Most people accept that Nausea and Vomiting in Pregnancy (NVP) or “Morning Sickness” is just part and parcel of pregnancy. However very few people are aware of just how bad this can be and that Hyperemesis Gravidarum (HG) even exists.

HG is an extreme form of NVP and is more like having a stomach flu or food poisoning for months on end rather than the occasional moments of nausea and odd vomiting session experienced by most expectant mothers. 

There are many different levels of HG and sufferers range from those who consider it to be “mild”, perhaps battling nausea and vomiting at home right through to those with “severe” HG which has them in and out of hospital throughout their entire pregnancy. Thankfully HG is not the killer that it once could be here in the UK but awareness and compassion from both society and the medical profession is extremely limited. This means that not only does a woman with HG suffer through the worst sickness imaginable, but she does so while having to fight just for the support she needs.

It is often difficult to get a diagnosis and treatment for HG and many doctors are reluctant to prescribe medication until a woman is dehydrated enough to require hospitalisation. And yet many HG survivors who have gone on to have subsequent pregnancies have found that early and aggressive treatment with anti-emetics and IV hydration can limit the severity of their symptoms and make HG much more tolerable, if not necessarily easy.

There are so many symptoms that may suggest a woman has HG, and a whole list of them can be found on the HelpHer website here. However, it is most women’s experience that there has to be a significant loss of body weight and ketones in the urine before their GP or midwife will realise how severe the sickness is.

It is all too common for HG sufferers to be told everything from, “have you tried ginger?” to “this is normal, just get on with it”. A woman suffering from that level of sickness may be too weak to fight for what she needs and often needs an advocate. Yet when facing HG, especially the first time round, it can be all too easy to feel there is nothing you can do and that you just have to accept what the doctor says.

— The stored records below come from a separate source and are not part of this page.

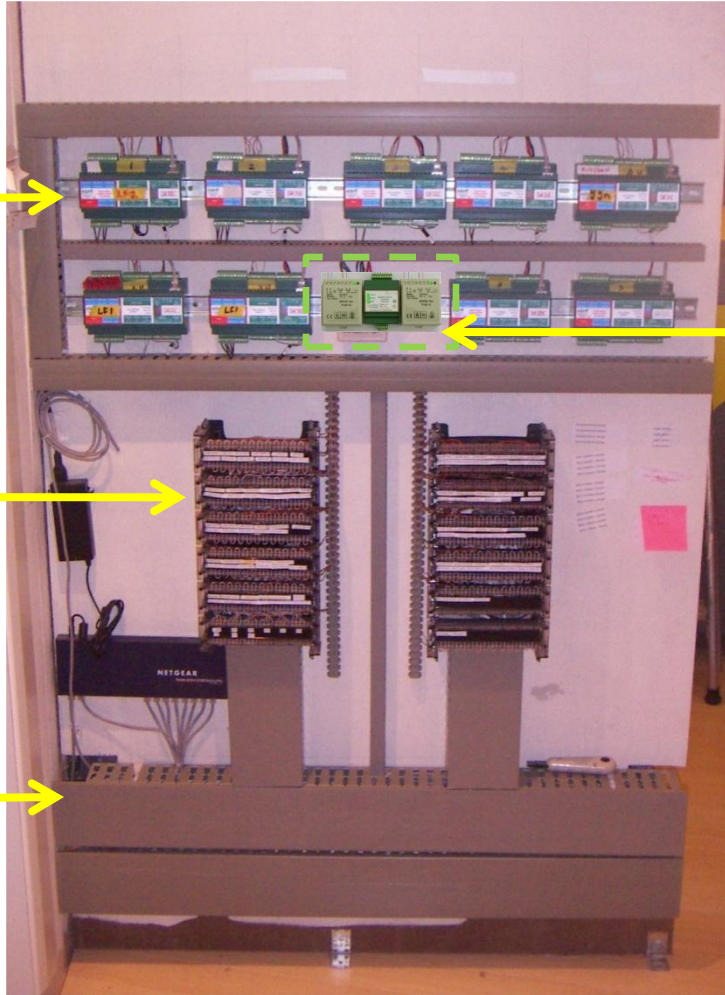

# Example Panel Layout ( Front )

**WebBrick  
Controllers  
' WebBricks '**

**WebBrick  
URPS  
( Ultra Reliable Power  
supply )**

**Belden  
Gigabix  
Frame**

Terminating 72 x  
Cat5e UTP per  
frame

**Cable  
Mgt**

# Example Panel Layout ( Back )

**Sound Lab  
4 Channel  
Dimmer  
packs**

In fact it can be far too easy to believe that it really is normal and you are just weak, leading to depression and isolation at how ill you feel and how unable you are to cope with what you believe every other pregnant woman deals with easily.

Which leads to the fact that many HG sufferers not only deal with the physical effects of the condition but can also become very isolated, depressed and even go on to develop Post Traumatic Stress Disorder (PTSD). And the emotional effects of HG can last far beyond the pregnancy itself, even affecting the woman’s decision of whether to face further pregnancies or not. 

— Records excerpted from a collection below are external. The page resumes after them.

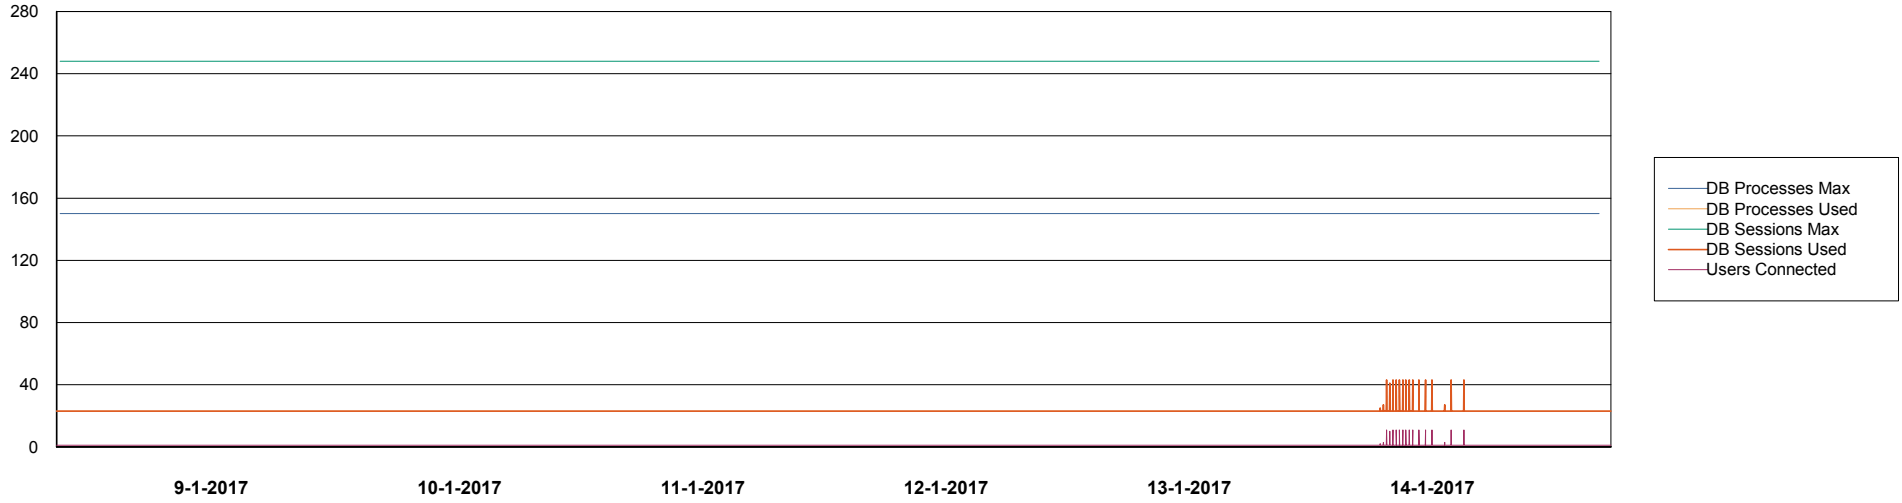

Weekly SLA Customer Report

Customer CIW Production
Database ID 45

DATABASE PERFORMANCE CIWDB_Production

- DB Processes Max
- DB Processes Used
- DB Sessions Max
- DB Sessions Used
- Users Connected

- Session Active

Weekly SLA Customer Report

Customer CIW Production
Database ID 45

DATABASE PERFORMANCE CIWDB_Standby

Weekly SLA Customer Report

Customer CIW Production
 Database ID 45

=====
 DATABASE SIZE CIWDB_Production
 =====

Finally, we must not forget the extremely stressful and painful experience that the woman’s partner, parents, siblings and other children go through every single day that she is sick. They can become as isolated and vulnerable as the pregnant woman herself and yet they are so often overlooked even if the woman herself manages to get the treatment she needs.

This is just a very basic overview of what is a complicated and extremely traumatic condition that can ruin what should be one of the most wonderful times in a mother’s life. I cannot possibly do the topic justice on just one page of my blog and so I would like to now draw your attention to some of the most resourceful sites on the web dedicated to this condition before sharing my own personal experience of HG with you and what it has inspired me to work on now my pregnancy is over.

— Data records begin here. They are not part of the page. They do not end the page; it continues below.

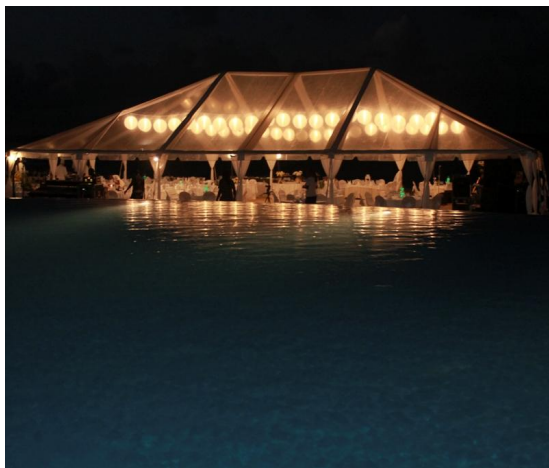

Iberostar Selection Rose Hall Suites

Beach Venue / Playa Infinity Pool

COCKTAIL / **COCTEL**

CAPACITY / **CAPACIDAD: 200 MAX.**

RECEPTION / **RECEPCIÓN**

CAPACITY / **CAPACIDAD: 200 MAX.**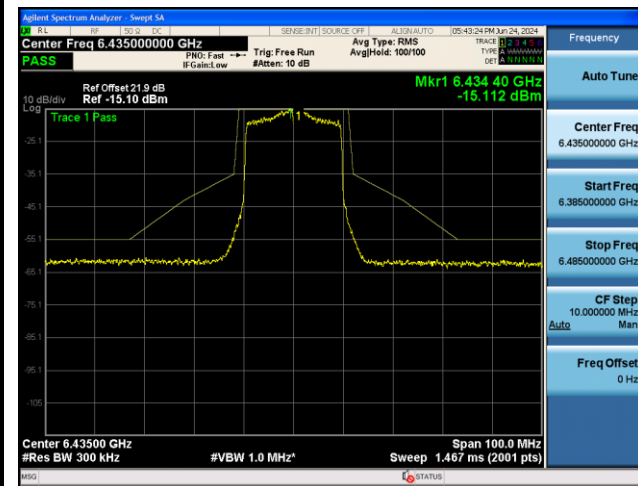

Channel 229 (7095MHz)

Channel 233 (7115MHz)

802.11ax-HE20 - Ant 1

Channel 2 (5935MHz)

Channel 1 (5955MHz)

Channel 49 (6195MHz)

Channel 93 (6415MHz)

Channel 97 (6435MHz)

Channel 105 (6475MHz)

802.11ax-HE20 - Ant 1

Channel 113 (6515MHz)

Channel 117 (6535MHz)

Channel 153 (6715MHz)

Channel 181 (6855MHz)

Channel 185 (6875MHz)

Channel 189 (6895MHz)

Hyperemesis Gravidarum Resources on the Web

HelpHer – Hyperemesis Education and Research Foundation

The HelpHer website is full of fantastic information for mothers, partners, medical professionals, and the media. It was the most helpful resource I found during my pregnancy and the forums are particularly helpful and supportive both whilst in the midst of HG and afterwards.  

Pregnancy Sickness Support UK

Pregnancy Sickness Support UK is a charity that hopes to offer a support network for HG sufferers and raise awareness of the condition here in the UK. I only found the site after my pregnancy was over but I would sincerely recommend checking it out.

Motherisk

Motherisk is based in Canada and has huge amounts of research available to read online into many different facets of pregnancy that HG sufferers will find interesting, include research into the effectiveness and safety of drugs during pregnancy.

http://amandaclairedesigns.typepad.com/amanda-claire-designs/hperemesis-gravidarum.html

Twitter: @amandaspatch

This is a guest blog written by Sarah Ward.

 Homebirth & PPH

Women often worry about what would happen if a woman bled heavily after a home birth. Throughout history, severe blood loss has been one of the main causes of women dying in childbirth, and it remains the most common cause of maternal death in the world [WHO, 1994].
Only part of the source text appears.